▸ Stored data
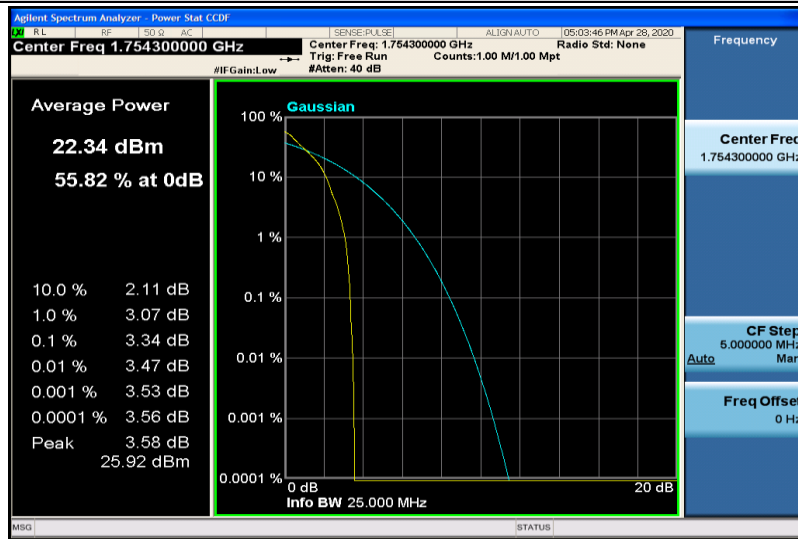

Band4-1.4MHz-QPSK-20175-6RB#0

Band4-1.4MHz-QPSK-20393-1RB#0
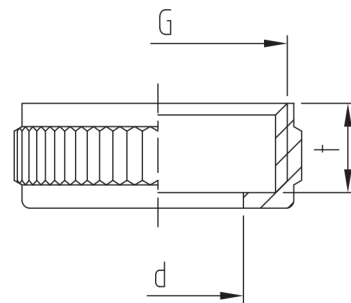

ABA Rändelmutter

Bestellnummer	VPE	Ausführung	G	d	t	
			Zoll	mm	mm	
14037.008.6	10	Messing chrom	M 22 x 1	15	7,5	
14037.310.2	10	Messing blank	1/2	15	8,5	
14037.321.2	10	Messing blank	3/4	21,5	9,5	
14037.322.2	10	Messing blank	3/4	16	9,5	
14037.327.2	10	Messing blank	1	22	11,5	
14037.329.2	10	Messing blank	1	27,5	11,5	

Schläger- und Schlaucharmaturen
Preisgruppe VT-2

ABA Standrohrverschraubung flachdichtend mit Flügelmutter

Bestellnummer	VPE	Ausführung	G	G ₁	für Schlauch		d	D	l	t	SW	
			Zoll	Zoll	Zoll	mm	mm	mm	mm	mm	mm	
55007.004.2	10	Messing blank	3/4	1/2	1/2	13	11	14,5	23	10	27	
55007.006.2	10	Messing blank	1	3/4	3/4	19	17	21	25	10	34	
55007.010.2	10	Messing blank	1 1/4	1*	1	25	23	27,5	32	15	42	
55007.012.2	5	Messing blank	1 1/2	1 1/4	1 1/4	32	28	33	39	15	50	
55007.020.2	2	Messing blank	2 3/8	2	2	50	45	52	56	20	70	
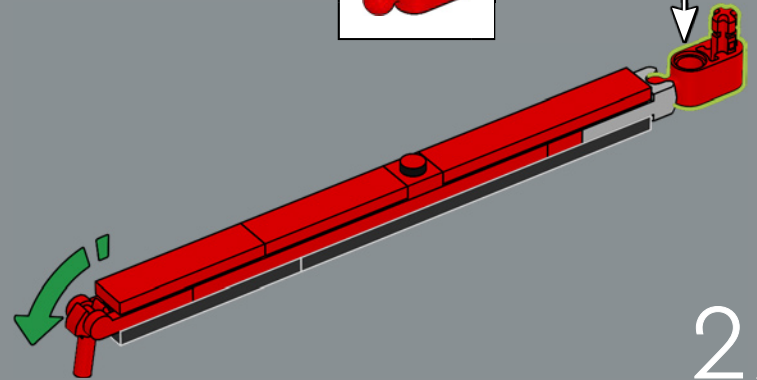

Dieses Element wurde im Original als Katapult für die Raketen im LEGO® Weltraumpolizei-Set von 2009 genutzt. Hier eignet es sich sehr gut, um einen Scheibenbremsattel darzustellen.

118

119

120

121

122

123

124
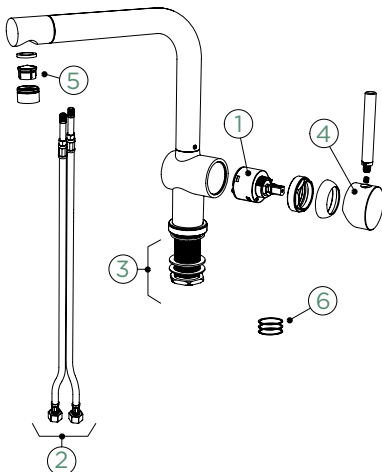

SCHOCK

PIEGA

PEVNÁ KONCOVKA

PIEGA

VÝSUVNÁ KONCOVKA

Přípojovací hadička: **550 mm**

Úhel otáčení: **360°**

Pozice páky: **vpravo**

Vlastnosti: **Integrovaný omezovač teploty, Barevná varianta prášková metoda**

PEVNÁ KONCOVKA

VÝSUVNÁ KONCOVKA

METALICKÉ

● 547001 CHR	7474,-	● 547121 CHR	9272,-

CD CLASSIC LINE

● 547001 PUR	9272,-	● 547121 PUR	10565,-
● 547001 MAG	9272,-	● 547121 MAG	10565,-
● 547001 STO	9272,-	● 547121 STO	10565,-
● 547001 BRO	9272,-	● 547121 BRO	10565,-
● 547001 SIL	9272,-	● 547121 SIL	10565,-
○ 547001 POL	9272,-	● 547121 POL	10565,-

Přípojovací hadička: **550 mm**

Úhel otáčení: **360°**

Pozice páky: **vpravo**

Délka sprchové hadice: **500 mm**
Vlastnosti: **Zpětná klapka, Integrovaný omezovač teploty, Barevná varianta prášková metoda**

1. 1 628801/1
2. 2 628801/2
3. 3 628801/3
4. 4 628801/4
5. 5 628604/2
6. 6 628801/8

1. 1 628801/1
2. 2 628801/2
3. 3 628801/3
4. 4 628801/4
5. 5 628739/5
6. 6 628801/6
7. 7 628801/7
8. 8 628801/8

▸ What to produce
Restate every record exactly, please; do not copy the pictures.

▸ Your solution
Band4-1.4MHz-QPSK-20175-6RB#0

Band4-1.4MHz-QPSK-20393-1RB#0

ABA Rändelmutter

Bestellnummer	VPE	Ausführung	G	d	t	
			Zoll	mm	mm	
14037.008.6	10	Messing chrom	M 22 x 1	15	7,5	
14037.310.2	10	Messing blank	1/2	15	8,5	
14037.321.2	10	Messing blank	3/4	21,5	9,5	
14037.322.2	10	Messing blank	3/4	16	9,5	
14037.327.2	10	Messing blank	1	22	11,5	
14037.329.2	10	Messing blank	1	27,5	11,5	

Schläger- und Schlaucharmaturen
Preisgruppe VT-2

ABA Standrohrverschraubung flachdichtend mit Flügelmutter

Bestellnummer	VPE	Ausführung	G	G ₁	für Schlauch		d	D	l	t	SW	
			Zoll	Zoll	Zoll	mm	mm	mm	mm	mm	mm	
55007.004.2	10	Messing blank	3/4	1/2	1/2	13	11	14,5	23	10	27	
55007.006.2	10	Messing blank	1	3/4	3/4	19	17	21	25	10	34	
55007.010.2	10	Messing blank	1 1/4	1*	1	25	23	27,5	32	15	42	
55007.012.2	5	Messing blank	1 1/2	1 1/4	1 1/4	32	28	33	39	15	50	
55007.020.2	2	Messing blank	2 3/8	2	2	50	45	52	56	20	70	

Dieses Element wurde im Original als Katapult für die Raketen im LEGO® Weltraumpolizei-Set von 2009 genutzt. Hier eignet es sich sehr gut, um einen Scheibenbremsattel darzustellen.

118

119

120

121

122

123

124

SCHOCK

PIEGA

PEVNÁ KONCOVKA

PIEGA

VÝSUVNÁ KONCOVKA

Přípojovací hadička: **550 mm**

Úhel otáčení: **360°**

Pozice páky: **vpravo**

Vlastnosti: **Integrovaný omezovač teploty, Barevná varianta prášková metoda**

PEVNÁ KONCOVKA

VÝSUVNÁ KONCOVKA

METALICKÉ

● 547001 CHR	7474,-	● 547121 CHR	9272,-

CD CLASSIC LINE

● 547001 PUR	9272,-	● 547121 PUR	10565,-
● 547001 MAG	9272,-	● 547121 MAG	10565,-
● 547001 STO	9272,-	● 547121 STO	10565,-
● 547001 BRO	9272,-	● 547121 BRO	10565,-
● 547001 SIL	9272,-	● 547121 SIL	10565,-
○ 547001 POL	9272,-	● 547121 POL	10565,-

Přípojovací hadička: **550 mm**

Úhel otáčení: **360°**

Pozice páky: **vpravo**

Délka sprchové hadice: **500 mm**
Vlastnosti: **Zpětná klapka, Integrovaný omezovač teploty, Barevná varianta prášková metoda**

1. 1 628801/1
2. 2 628801/2
3. 3 628801/3
4. 4 628801/4
5. 5 628604/2
6. 6 628801/8

1. 1 628801/1
2. 2 628801/2
3. 3 628801/3
4. 4 628801/4
5. 5 628739/5
6. 6 628801/6
7. 7 628801/7
8. 8 628801/8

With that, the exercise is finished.